Mas outro caso também é ilustrativo da gravidade desta situação: uma parte da Terra Indígena Ibirama-Laklãnõ, onde vivem indígenas Xokleng, criada oficialmente apenas em 2003, é disputada por ruralistas e está sendo requerida pelo governo de Santa Catarina no STF. O argumento usado é justamente que, em 5 de outubro de 1988, ela não estava ocupada, ignorando o fato de que o povo Xokleng foi expulso e impedido por anos de retornar à terra. Em 2007, a Justiça Global entrou com um pedido de amicus curiae (amigo da corte) no caso. 

Ao menos, 80 casos semelhantes e mais de 300 processos de demarcação de terras indígenas que estão pendentes podem ser afetados pela medida. Se aprovado, o já flagrante conflito nas florestas brasileiras será intensificado. A medida ainda tem vários trechos que flexibilizam a exploração de recursos naturais e a realização de obras de infraestrutura dentro dos territórios indígenas. Na prática, legaliza atividades hoje ilegais, como o garimpo em terras indígenas, e facilita a instalação de grandes empreendimentos nesses territórios sem nem mesmo consultar os povos afetados. Não é coincidência que a medida tenha ganhado espaço justamente meses depois da repercussão mundial do grave impacto da mineração para a garantia de vida dos Yanonami e também dos Munduruku, ambos povos amazônidas.

Ainda por cima, o projeto tira a responsabilidade de qualquer consulta às comunidades atingidas e à Fundação Nacional do Índio (Funai), facilita as atividades de exploração econômica por não-indígenas nos territórios e a atuação das Forças Armadas e da Polícia Federal nessas terras. O efeito geral é a destruição de parte considerável da proteção jurídica conferida aos povos indígenas no Brasil – proteção essa que já era considerada insuficiente do ponto de vista dos parâmetros internacionais.

Ao lado de povos e comunidades atingidas, a Justiça Global, em seus mais de 20 anos de história, e muitas organizações têm denunciado as violações aos direitos indígenas, estabelecidos pelos parâmetros internacionais de Direitos Humanos dos quais o Brasil é signatário, como a Declaração Americana dos Povos Indígenas e a Declaração da ONU sobre os Direitos dos Povos Indígenas.

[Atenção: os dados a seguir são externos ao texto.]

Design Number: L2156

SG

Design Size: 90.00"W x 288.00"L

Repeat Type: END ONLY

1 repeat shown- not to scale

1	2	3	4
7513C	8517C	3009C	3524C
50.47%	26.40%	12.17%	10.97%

Ambas as declarações reconhecem a livre determinação dos povos indígenas como princípio fundamental, incluindo seu direito de manter suas formas de vida própria em seus territórios tradicionais e sobre os recursos naturais das terras que tradicionalmente ocupam ou tenham utilizado.

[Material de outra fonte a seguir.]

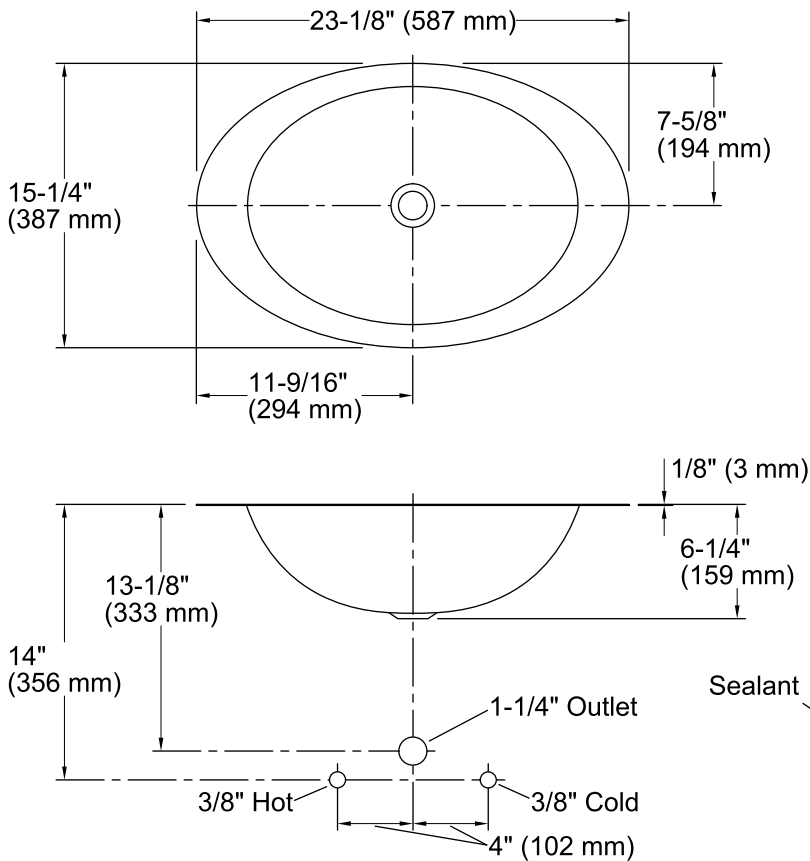

Rhythm®
Under-mount Bathroom Sink
K-2602-SU

Features

- Elliptical basin with Satin finish.
- No faucet holes; requires wall- or counter-mount faucet.

Material

- 20-gauge stainless steel.

Installation

- Under-mount

- ASME A112.19.3/CSA B45.4
- ADA
- ICC/ANSI A117.1
- CSA B651

KOHLER® One-Year Limited Warranty

See website for detailed warranty information.

Technical Information

All product dimensions are nominal.

Bowl configuration:	Single
Installation:	Under-mount
Bowl area (Only):	Length: 18" (457 mm) Width: 13" (330 mm) Water depth: 5-7/8" (149 mm)
Drain hole:	1-5/8" (41 mm)
Template:	1000258-7, required, included

Notes

Install this product according to the installation instructions.

Supplied basin clamp assembly requires 3/4" (19 mm) minimum countertop thickness. Installer must supply anchors for thinner countertops.

A Corte Interamericana de Direitos Humanos reconhece uma dimensão ampla na qual o território indígena está inserido e que merece proteção jurídica, de acordo com os usos e tradições:

La cultura de los miembros de las comunidades indígenas corresponde a una forma de vida particular de ser, ver y actuar en el mundo, constituido a partir de su estrecha relación con sus tierras tradicionales y recursos naturales, no sólo por ser estos su principal medio de subsistencia, sino además porque constituyen un elemento integrante de su cosmovisión, religiosidad y, por ende, de su identidad cultural, por lo que la protección y garantía del derecho al uso y goce de su territorio, es necesaria para garantizar no sólo la supervivencia sino el desarrollo y evolución como pueblo de estas comunidades.

(Corte IDH. Caso Povos Kaliña e Lokono Vs. Suriname. Sentença de 17 de junho de 2005).

Democracia exige Memória, Verdade, Justiça e Reparação. O marco temporal é exatamente o avesso disso. É o símbolo do apagamento da história indígena e do aprofundamento do processo de extermínio dos povos originários. O marco temporal é uma manobra que busca dar forma jurídica a uma estratégia de ruralistas e mineradores para acelerar a expulsão e ampliar a violência contra os povos indígenas. 

Não ao Marco Temporal! Demarcação Já! Pelos direitos dos povos originários!